O atacante não controla dados arbitrários; controla apenas o timing de desconexão do próprio processo cliente D-Bus. Não há corrupção de memória nem manipulação de payload — é puramente uma janela de corrida em código de tratamento de erro.
Como é explorada
A exploração usa apenas ferramentas padrão de linha de comando (bash, kill, dbus-send) e depende de vencer uma corrida: iniciar uma chamada D-Bus para um método privilegiado (como org.freedesktop.Accounts.CreateUser) e matar o processo dbus-send poucos milissegundos depois de iniciado, antes que a resposta normal chegue, mas durante a janela em que o polkit ainda está processando a checagem de credenciais. Isso força o cenário em que a checagem de erro é ignorada e o uid é tratado como 0.

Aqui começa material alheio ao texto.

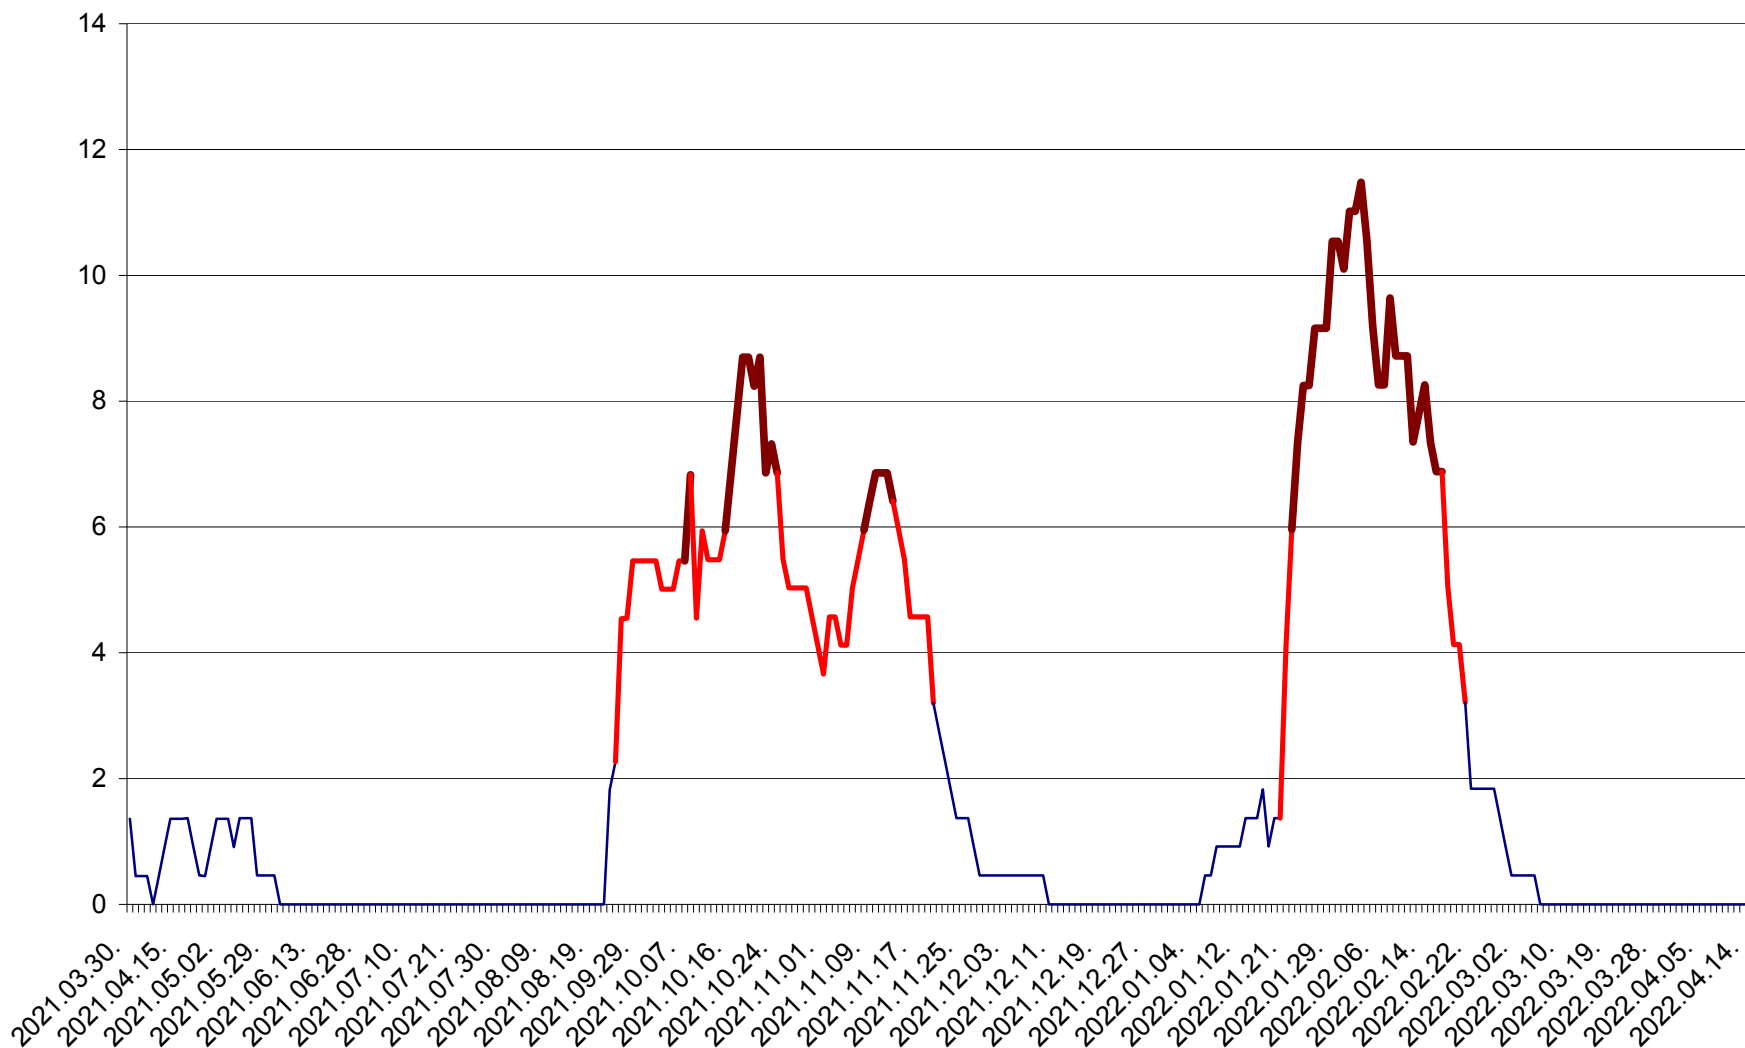

MUNICIPIUL GHEORGHENI - Evolutia incidentei cumulate pe 14 zile la % de locuitori
2021.04.01. - 2022.04.15.

JOSENI - Evolutia incidentei cumulate pe 14 zile la ‰ de locuitori
2021.04.01. - 2022.04.15.

LĂZAREA - Evolutia incidentei cumulate pe 14 zile la % de locuitori
2021.04.01. - 2022.04.15.

LELICENI - Evolutia incidentei cumulate pe 14 zile la ‰ de locuitori
2021.04.01. - 2022.04.15.

LUETA - Evolutia incidentei cumulate pe 14 zile la ‰ de locuitori
2021.04.01. - 2022.04.15.

LUNCA DE JOS - Evolutia incidentei cumulate pe 14 zile la ‰ de locuitori
2021.04.01. - 2022.04.15.

LUNCA DE SUS - Evolutia incidentei cumulate pe 14 zile la ‰ de locuitori
2021.04.01. - 2022.04.15.

LUPENI - Evolutia incidentei cumulate pe 14 zile la ‰ de locuitori
2021.04.01. - 2022.04.15.

MĂDĂRAȘ - Evolutia incidentei cumulate pe 14 zile la ‰ de locuitori
2021.04.01. - 2022.04.15.

Pré-requisito real: acesso local (shell, mesmo via SSH) sem qualquer privilégio adicional — não exige autenticação polkit, senha ou configuração não padrão. A demonstração pública depende de dois pacotes clientes do polkit estarem presentes (accountsservice e gnome-control-center), comuns em qualquer instalação desktop e instaláveis via gerenciador de pacotes em servidores; eles não são a causa da falha, apenas vetores convenientes para acionar o caminho de código vulnerável. O timing exato de corrida varia por máquina e pode exigir algumas tentativas, mas é trivial de automatizar em script, o que explica a presença de módulo Metasploit e PoC pública amplamente disponível.

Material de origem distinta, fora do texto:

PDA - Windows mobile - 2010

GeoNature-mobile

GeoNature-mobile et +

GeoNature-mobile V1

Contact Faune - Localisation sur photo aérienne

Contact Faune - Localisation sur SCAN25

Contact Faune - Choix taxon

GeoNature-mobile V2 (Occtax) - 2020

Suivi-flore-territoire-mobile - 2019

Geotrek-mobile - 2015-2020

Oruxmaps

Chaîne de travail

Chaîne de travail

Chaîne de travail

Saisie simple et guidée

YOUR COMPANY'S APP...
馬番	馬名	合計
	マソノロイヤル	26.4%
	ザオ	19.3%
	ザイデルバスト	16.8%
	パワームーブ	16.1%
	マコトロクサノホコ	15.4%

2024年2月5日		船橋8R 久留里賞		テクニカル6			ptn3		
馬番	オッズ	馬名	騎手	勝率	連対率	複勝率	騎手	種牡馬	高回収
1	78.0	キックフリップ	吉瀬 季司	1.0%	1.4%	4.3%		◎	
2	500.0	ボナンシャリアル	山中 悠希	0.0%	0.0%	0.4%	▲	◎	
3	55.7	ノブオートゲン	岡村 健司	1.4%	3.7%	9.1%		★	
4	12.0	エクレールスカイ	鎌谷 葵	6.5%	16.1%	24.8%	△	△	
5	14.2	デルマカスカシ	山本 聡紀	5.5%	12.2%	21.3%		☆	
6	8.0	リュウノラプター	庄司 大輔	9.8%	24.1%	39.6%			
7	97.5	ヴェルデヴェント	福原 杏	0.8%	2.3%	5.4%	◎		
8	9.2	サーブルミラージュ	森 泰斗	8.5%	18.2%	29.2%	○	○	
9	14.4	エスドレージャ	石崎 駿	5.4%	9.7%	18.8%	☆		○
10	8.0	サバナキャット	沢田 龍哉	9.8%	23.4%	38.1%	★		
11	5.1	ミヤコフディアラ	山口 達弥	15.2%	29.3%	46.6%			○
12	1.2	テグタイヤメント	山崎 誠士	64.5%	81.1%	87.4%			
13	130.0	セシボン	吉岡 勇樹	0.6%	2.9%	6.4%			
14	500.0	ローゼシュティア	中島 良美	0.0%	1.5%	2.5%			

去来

O resultado final é escalada de privilégio local completa: criação de um usuário administrador, execução de ações restritas ao root via qualquer daemon que confie no polkit para autorização. A CISA confirma exploração ativa no mundo real (KEV), sem indicar se há relação com campanhas de ransomware.
Versões
Como se proteger
A correção definitiva é atualizar o polkit para a versão 0.119 ou posterior (upstream) ou para o pacote da distribuição que incorpore o patch equivalente — a Red Hat lançou correções via RHSA-2021:2236, 2237 e 2238 para RHEL 8, e outras distribuições publicaram builds corrigidos em seus próprios ciclos de update. Não há uma flag de configuração ou parâmetro de runtime que neutralize a falha: o problema está na lógica de verificação de erro dentro do próprio binário do polkit, então só o binário corrigido resolve.

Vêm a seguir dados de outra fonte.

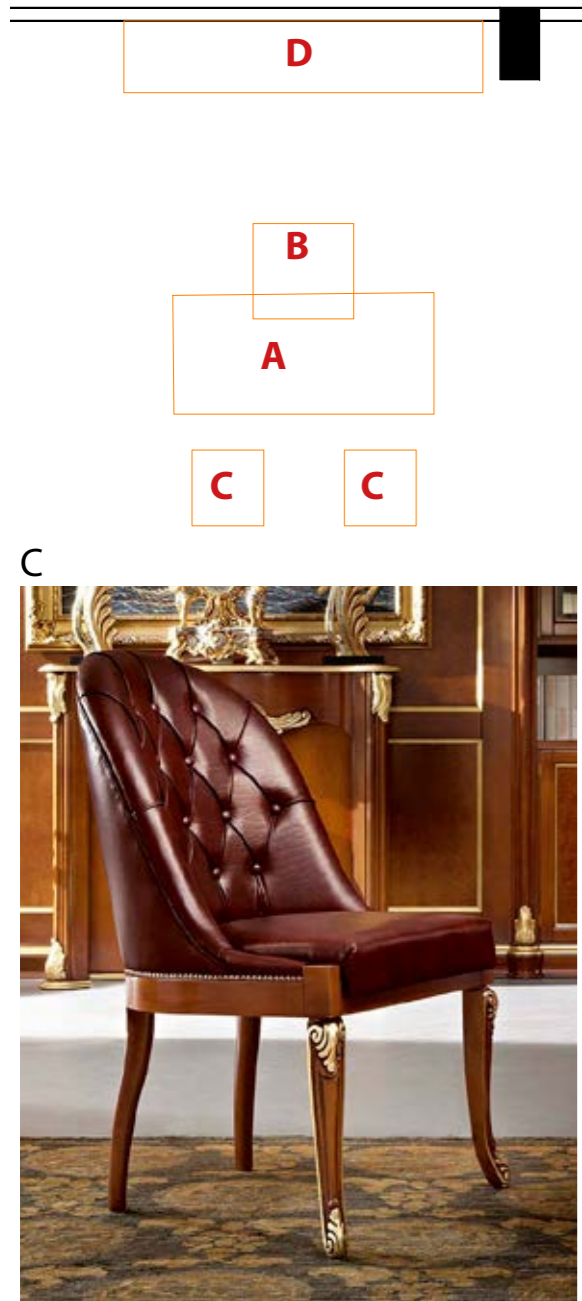

WOODEN SAMPLE	FABRIC SAMPLE	DETAIL

Area 3 - Dining

Area 4 - Office

Area 4 - Office

ITEM	DESCRIPTION	DIMENSION(cm)	QTY
A/13302	DESK	L. 200 P. 93 H. 83	1
B/13501	SWIVEL ARMCHAIR	L. 77 P. 73 H. 118/129	1
C/13520	LITTLE ARMCHAIR	L. 55 P. 58 H. 101	2
D/13134	BOOKCASE	L. 275 P. 55 H. 240	1

Se a atualização não for possível de imediato, não existe mitigação de configuração equivalente e confiável — restringir acesso local (impedir shells de usuários não confiáveis) reduz a superfície, mas não neutraliza o vetor para qualquer usuário que já tenha acesso interativo, que é justamente o cenário-alvo da falha. Monitorar CVE-2021-3560 como item de priorização máxima em ambientes multiusuário é mais realista do que buscar um paliativo técnico.
Mito a descartar: como a exploração usa apenas dbus-send e não abre porta de rede nem exige tráfego externo, WAFs e controles de borda não têm qualquer efeito. É falha estritamente local, ligada ao binário do polkit em execução no host.
Como detectar
A exploração não deixa payload de rede nem string de ataque óbvia em log de aplicação — é uma corrida de timing em chamadas D-Bus locais. Um sinal possível é volume anômalo de chamadas D-Bus a métodos sensíveis (como org.freedesktop.Accounts.CreateUser) originadas por processos dbus-send de curta duração, encerrados abruptamente (SIGKILL/SIGTERM) poucos milissegundos após o início, especialmente em sequência repetida vinda do mesmo usuário local sem privilégio — padrão consistente com tentativas de acertar a janela de corrida. Não há assinatura confiável de rede porque todo o vetor é local; a detecção depende de auditoria de processos e do barramento D-Bus (auditd, log do próprio dbus-daemon) e da correlação de novas contas administrativas criadas sem passar por fluxo normal de autenticação polkit.